* [WHAT TO DO] Each line holding the string "Strainer" is to be copied from the data.

* [RECORDS PROVIDED]
________

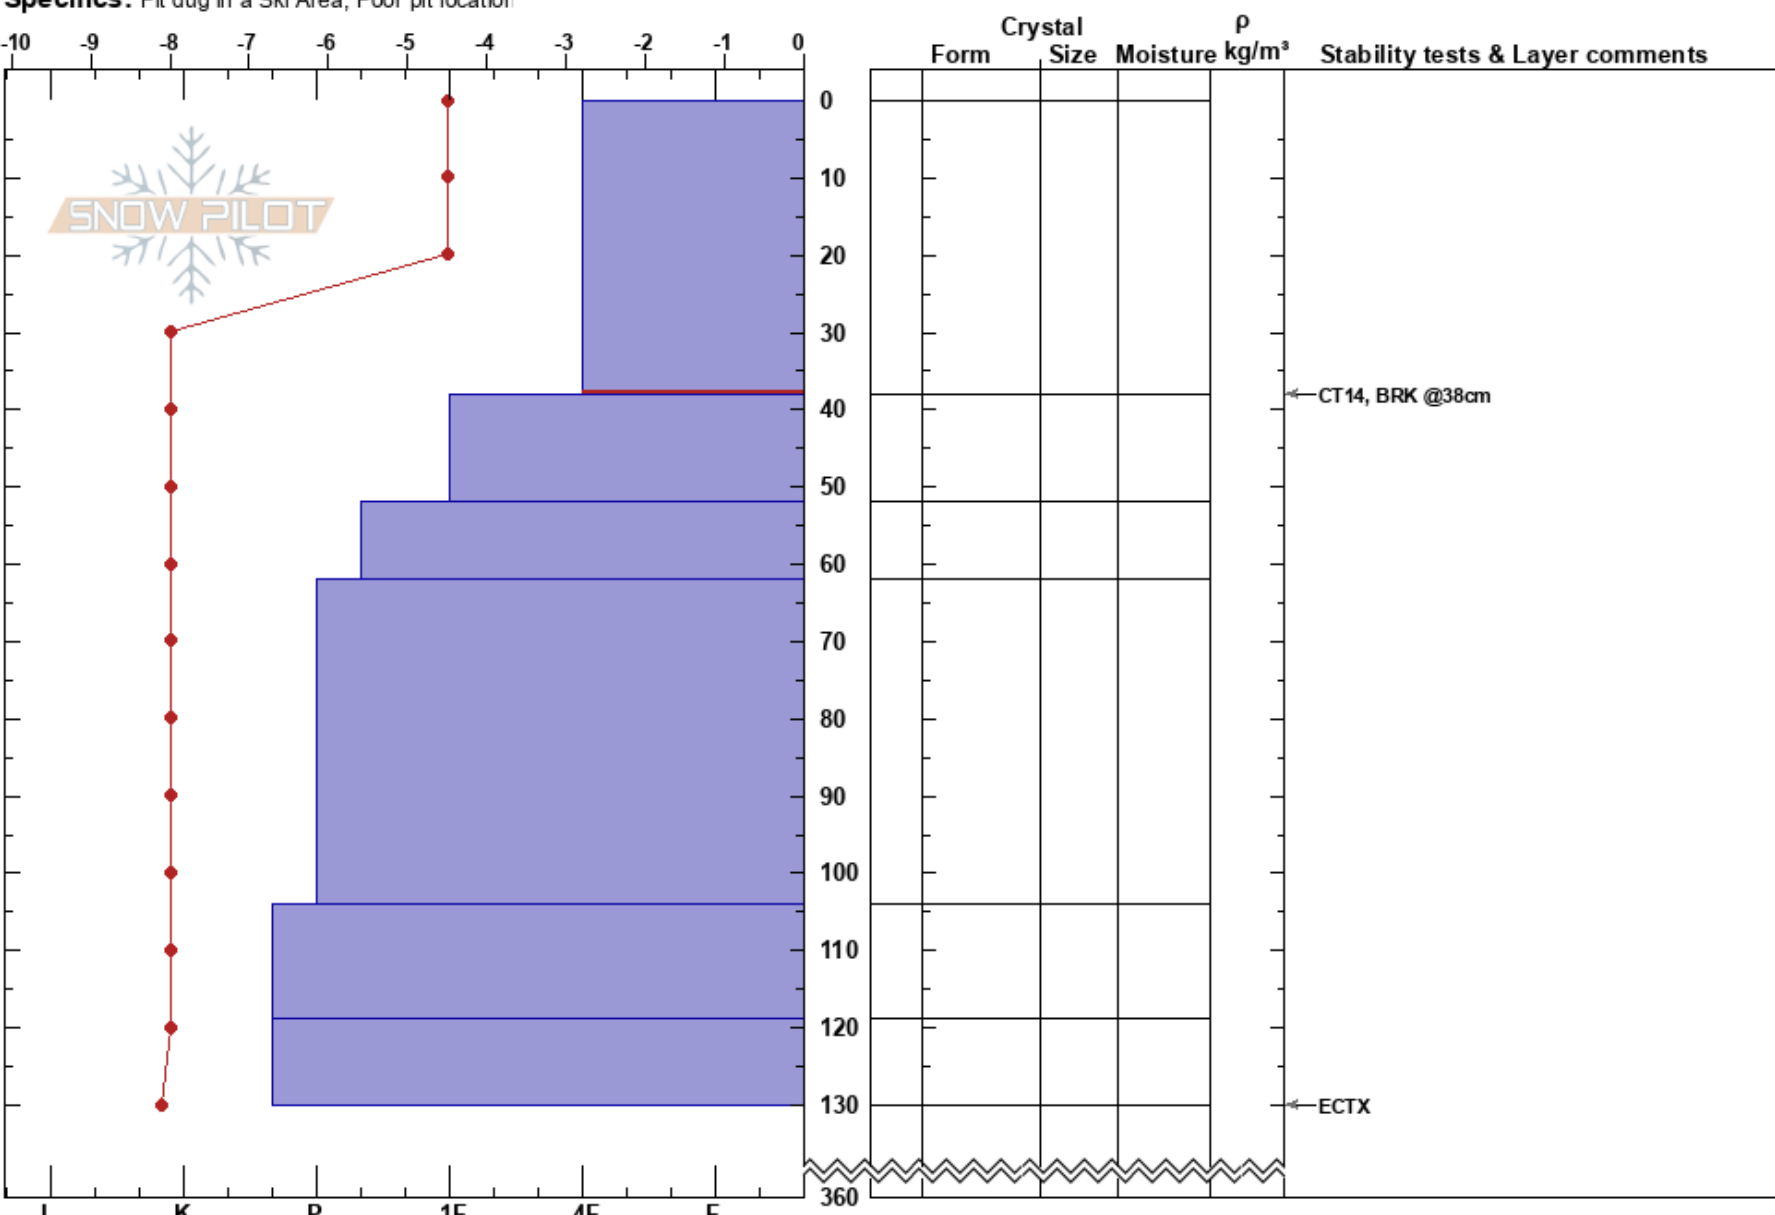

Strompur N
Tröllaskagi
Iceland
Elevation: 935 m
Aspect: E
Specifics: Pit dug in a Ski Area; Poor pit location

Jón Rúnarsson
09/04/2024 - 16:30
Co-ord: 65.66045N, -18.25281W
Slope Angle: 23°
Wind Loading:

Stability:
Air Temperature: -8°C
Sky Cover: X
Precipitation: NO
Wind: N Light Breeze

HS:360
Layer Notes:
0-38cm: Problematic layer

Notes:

________

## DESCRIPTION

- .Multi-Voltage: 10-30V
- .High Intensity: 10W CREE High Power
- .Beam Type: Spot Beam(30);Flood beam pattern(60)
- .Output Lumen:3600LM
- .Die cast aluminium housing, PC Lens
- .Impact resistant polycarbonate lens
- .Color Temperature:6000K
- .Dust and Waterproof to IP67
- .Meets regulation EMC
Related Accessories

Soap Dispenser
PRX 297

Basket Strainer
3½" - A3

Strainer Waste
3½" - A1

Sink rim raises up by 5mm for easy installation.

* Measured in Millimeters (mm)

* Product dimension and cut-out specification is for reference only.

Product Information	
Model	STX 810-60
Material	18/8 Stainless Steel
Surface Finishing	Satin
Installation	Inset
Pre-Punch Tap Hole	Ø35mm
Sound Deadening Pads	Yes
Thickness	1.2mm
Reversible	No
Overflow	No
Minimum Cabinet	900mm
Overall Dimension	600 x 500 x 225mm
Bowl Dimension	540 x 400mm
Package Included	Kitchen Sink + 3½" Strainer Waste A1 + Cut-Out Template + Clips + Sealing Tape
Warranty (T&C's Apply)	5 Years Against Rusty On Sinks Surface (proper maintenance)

________

* [OUTPUT OF THE TASK]
Basket Strainer
Strainer Waste
Package Included	Kitchen Sink + 3½" Strainer Waste A1 + Cut-Out Template + Clips + Sealing Tape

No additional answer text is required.